News Service of Florida
In a key battleground in the larger debate about removing and restricting school books, plaintiffs in a lawsuit against the Escambia County School Board asked a federal judge this week to order officials to return to the shelves seven titles that have been off-limits for over a year.
Lawyers for a parent who is a plaintiff also asked U.S. District Judge T. Kent Wetherell to block the school board’s attorneys from taking the deposition of “J.N.,” a 7-year-old who just completed first grade.
Attorneys for authors, a publishing company, parents and a non-profit organization filed the lawsuit last year, contending the Escambia school board violated First Amendment and equal-protection rights in removing 10 books from school-library shelves and restricting access to more than 150 others.
Wetherell in January allowed the lawsuit to proceed, rejecting motions to dismiss First Amendment claims but dismissing plaintiffs’ equal-protection allegations.
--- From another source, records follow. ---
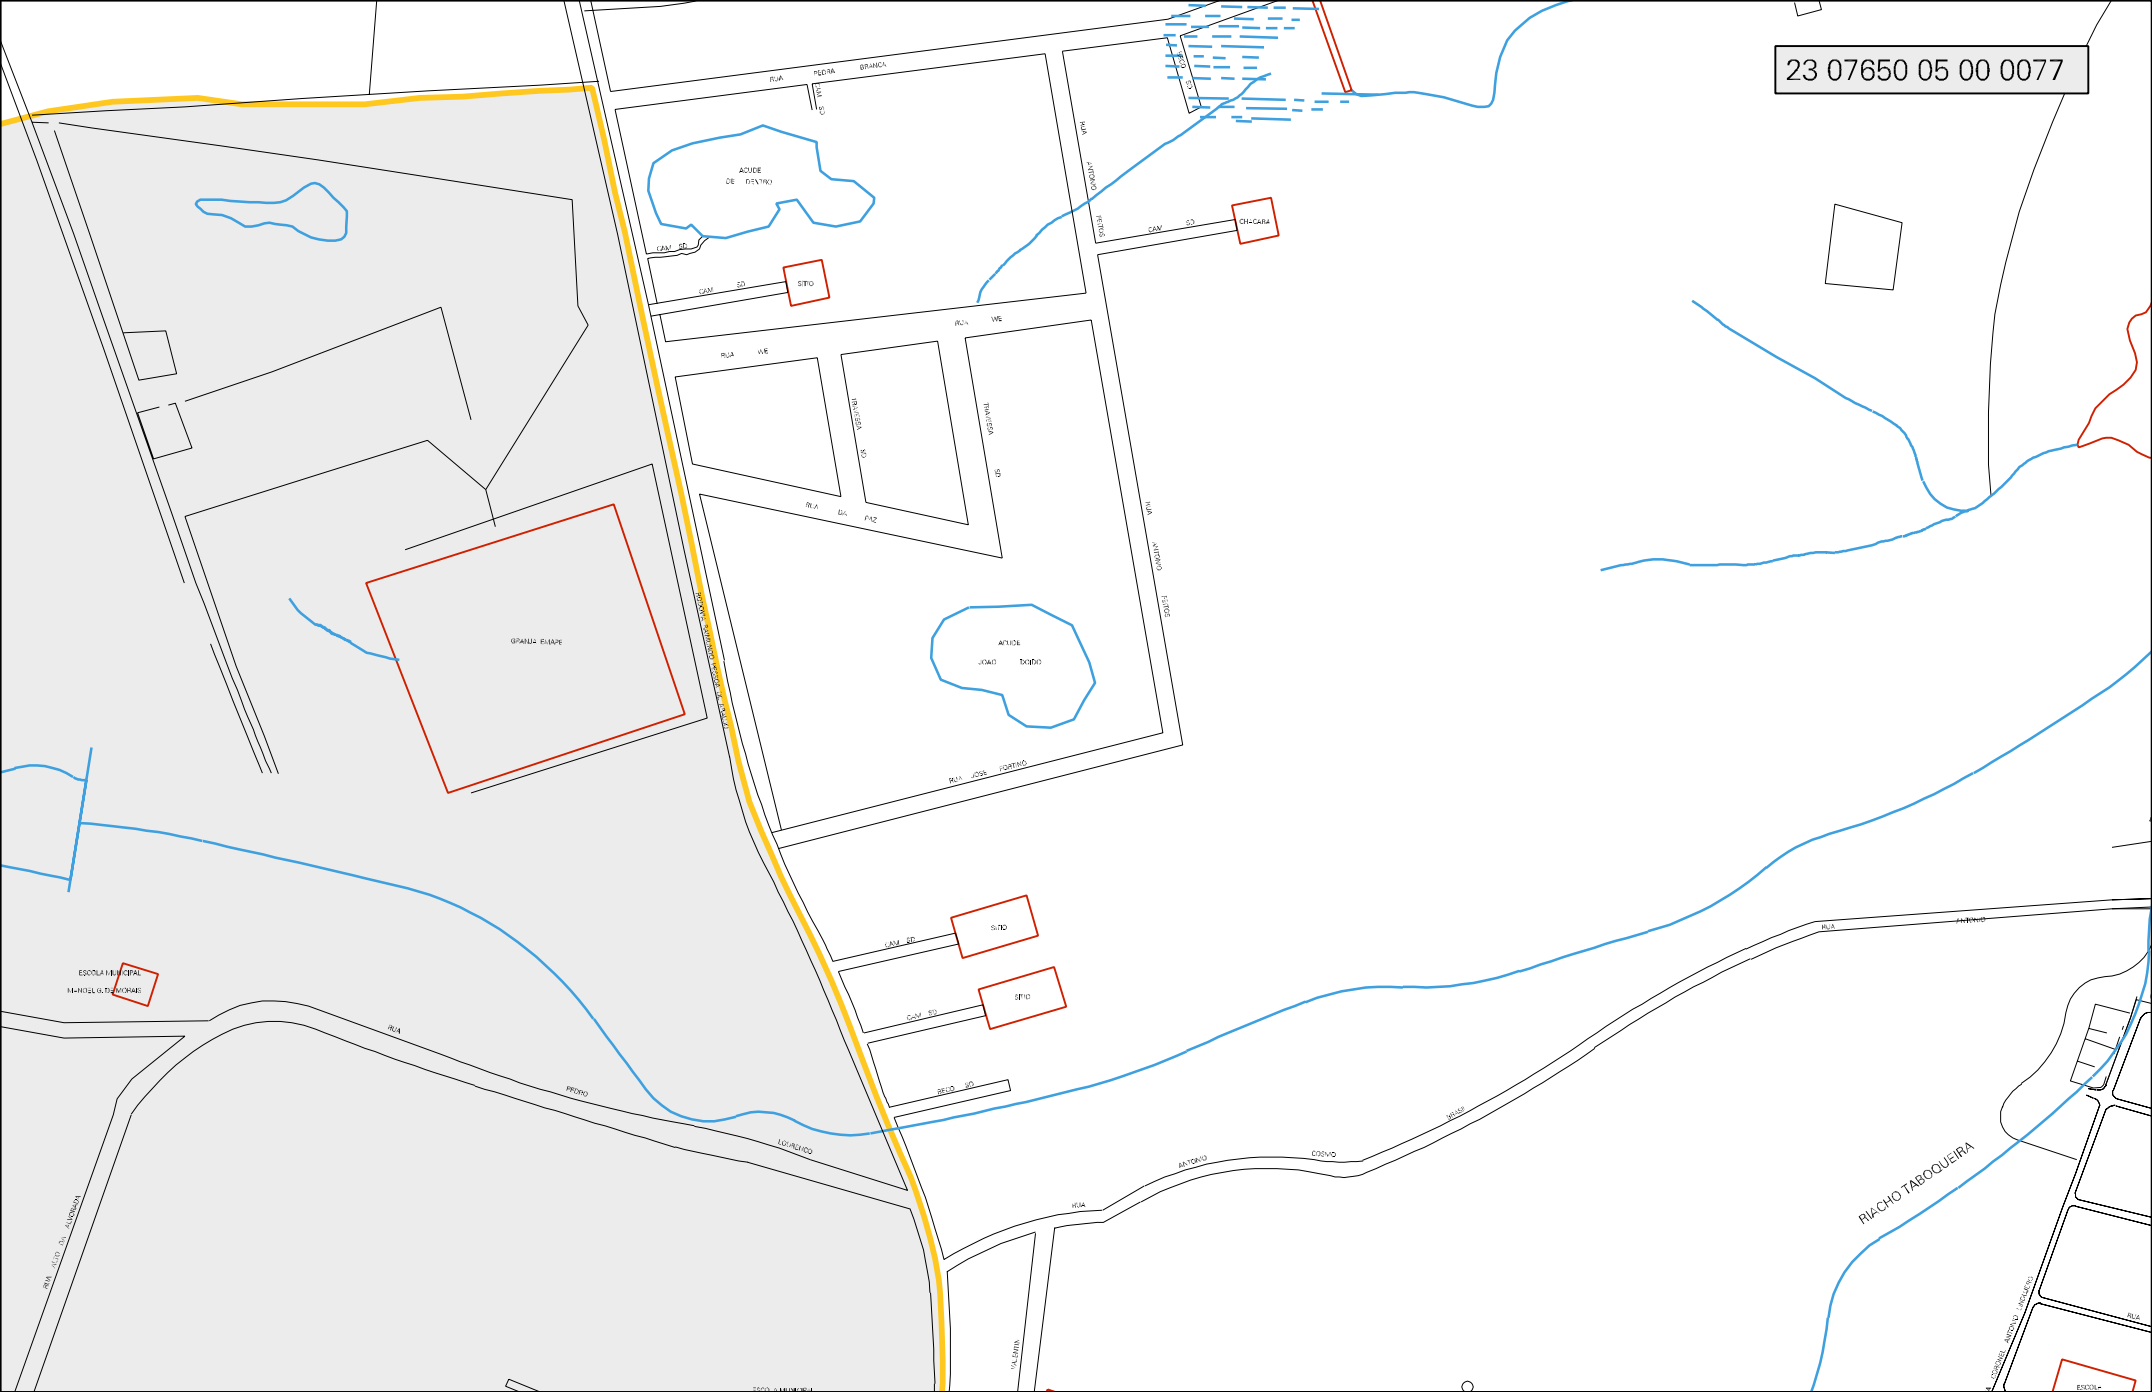

23 07650 05 00 0077

ESTADO DO CEARÁ
MAPA DE SETOR URBANO - MSU
ESCALA: 1 : 7535
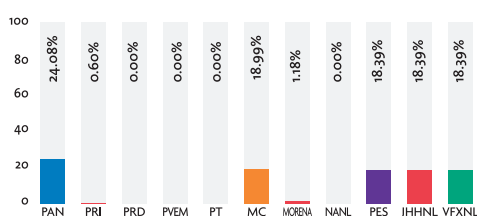

Área total: 113,021.32 cms²

PRENSA ESCRITA (Cantidad de notas)

Cantidad total: 217 notas

Los medios impresos monitoreados fueron: El Norte, Milenio, El Porvenir, ABC, Metro, Reporte Indigo y El Horizonte.

TELEVISIÓN (En horas)

Tiempo total: 6:36:09 horas

TELEVISIÓN (Cantidad de notas)

Cantidad total: 31 notas

Los medios de comunicación monitoreados fueron: Canal 4.1, Canal 7.1, Canal 6.1, Canal 8.1 y Canal 28.1

RADIO (En horas)

Tiempo total: 8:03:20 horas

RADIO (Cantidad de notas)

Cantidad total: 45 notas

Los grupos radiofónicos monitoreados fueron: Grupo Radio Alegría, Multimedios Estrellas de Oro, Grupo Radio México, Núcleo Radio Monterrey, Radio Acir, MVS Radio, Organización Radio Fórmula, Dominio Digital FM y Radio N.L.

The school board has argued it has authority to decide what books should be allowed and that a 2023 law (HB 1069) that set up a process for book challenges by members of the public helps shield it from the allegations.
In a motion for a preliminary injunction filed Monday, lawyers for the plaintiffs said Escambia officials had restricted 1,031 books under the county’s review process.
As of June 27, “some 178 challenged books remain restricted, although no decision has been made about the validity of the challenge,” according to the motion.
The motion said that, while the plaintiffs believe restrictions should be lifted on all books, the request for a preliminary injunction was limited to seven books that “have not been challenged for reasons that would require their restriction pending review under the (school) board’s own policies, and should be returned to the shelves immediately, while any review and resolution of the challenges proceeds.”
The board’s restrictions and removals “have disproportionately targeted books by or about people of color and/or LGBTQ people,” the plaintiffs’ lawyers wrote.
Six of the seven books at issue include LGBTQ subject matter, while one tells the story of a Black teenager who is killed by a police officer and the impact on the teen’s friend, who witnessed the death.
In an example, a challenge to the book “Lady Midnight” flagged a passage that said: “‘Alexander Lightwood was Magnus’s boyfriend for over a decade. They could’ve gotten married under the new laws,” according to Monday’s motion.
The seven books at issue — which have been restricted for over a year — “were clearly challenged based on their positive portrayal of LGBTQ themes and other viewpoints” that challengers found objectionable, the motion said.